Law Street Media

Crypto Issuers, Exhanges Face 11 Coordinated Class Actions

A stack of coins overlaid with price graphs.

Seven cryptocurrency issuers and four exchanges face class-action lawsuits from investors claiming that they violated U.S. securities laws by selling billions of dollars in unregistered assets. Some of the defendants include cryptocurrency issuers Block.one and Tron, and exchanges Binance and BitMEX. The 11 lawsuits were filed in the U.S. District Court in Manhattan on April 3. The suits were brought by different plaintiffs, but the same attorneys.

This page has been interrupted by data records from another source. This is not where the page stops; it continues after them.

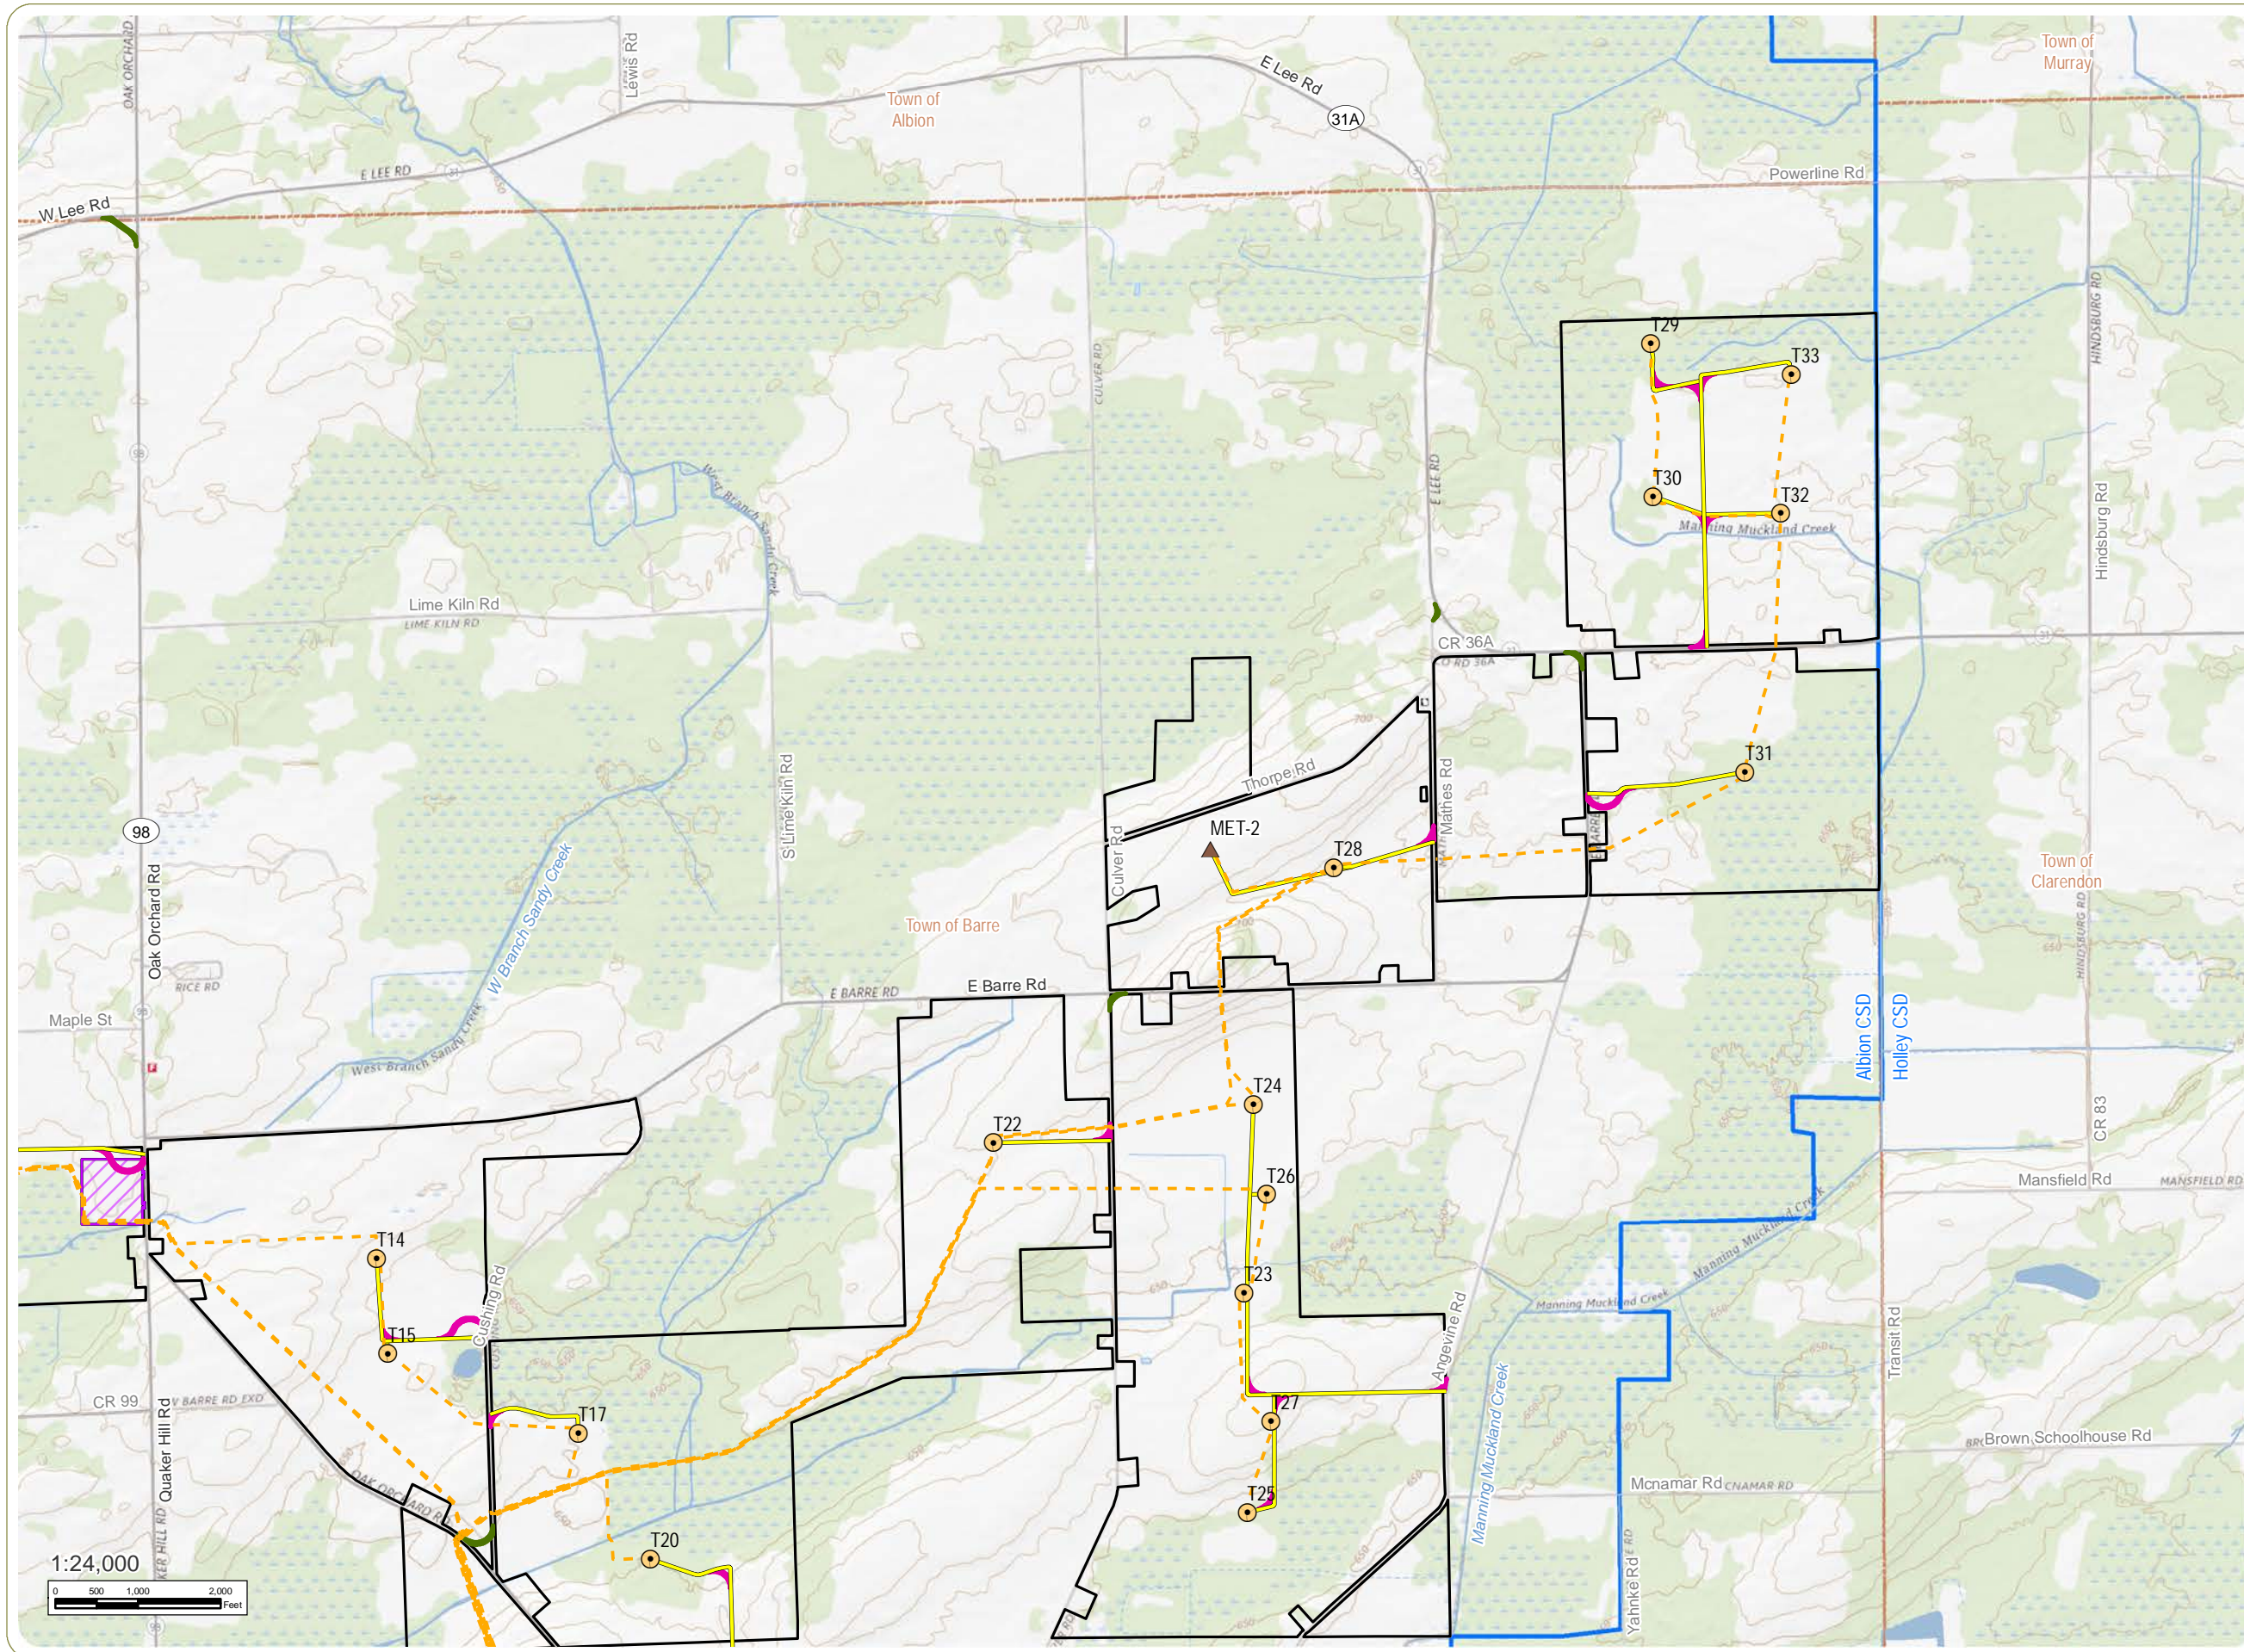

Heritage Wind Project

Town of Barre, Orleans County, New York

Figure 3-3: Municipal Boundaries and Temporary Road Improvements

- Temporary Public Road Improvement
- Temporary Private Road Improvement
- School District Boundary
- Wind Turbine
- Permanent Met Tower
- Access Road
- Collection Line
- Laydown Yard
- Facility Site
- Town Boundary
- County Boundary

Sheet 3 of 3

Notes: 1. Basemap: ESRI ArcGIS Online "USGS Topographic Map" map service 2. This map was generated in ArcMap on February 12, 2020. 3. Fire District Boundaries align with Town Boundaries. 4. This is a color graphic. Reproduction in grayscale may misrepresent the data.

www.edrdpc.com

The issuers and exchanges are accused of selling digital assets without registering them with federal or state regulators. The plaintiffs claim that the exchanges profited from listing the unregistered assets. The complaint against Binance says, “In addition to receiving fees for each transaction performed on its exchange, [the exchange] received large cash payments from Issuers seeking to get their tokens listed.” The cash fees for Binance’s token-listing allegedly exceeded $1 million in some cases.

Investors accuse BitMEX of not only selling unregistered securities but also manipulating the cryptocurrency market for its own benefit. According to the complaint, “In allowing customers to leverage at the extraordinary ratio of 100:1— about twenty times higher than the common ratio in trading—BitMEX positioned itself to benefit consistently, significantly, and predictably from the combination of attracting overly hopeful investors and small price fluctuations on other exchanges.”

Philippe Selendy, of law firm Selendy & Gay, is one of the lead attorneys for the plaintiffs. He previously worked as a lead attorney for the U.S. government and filed suits against banks over mortgage-backed securities. He said in a statement on Monday that “the alleged pattern of misconduct by exchanges and issuers yielded billions in profits for wrongdoers through a basic betrayal of public trust.”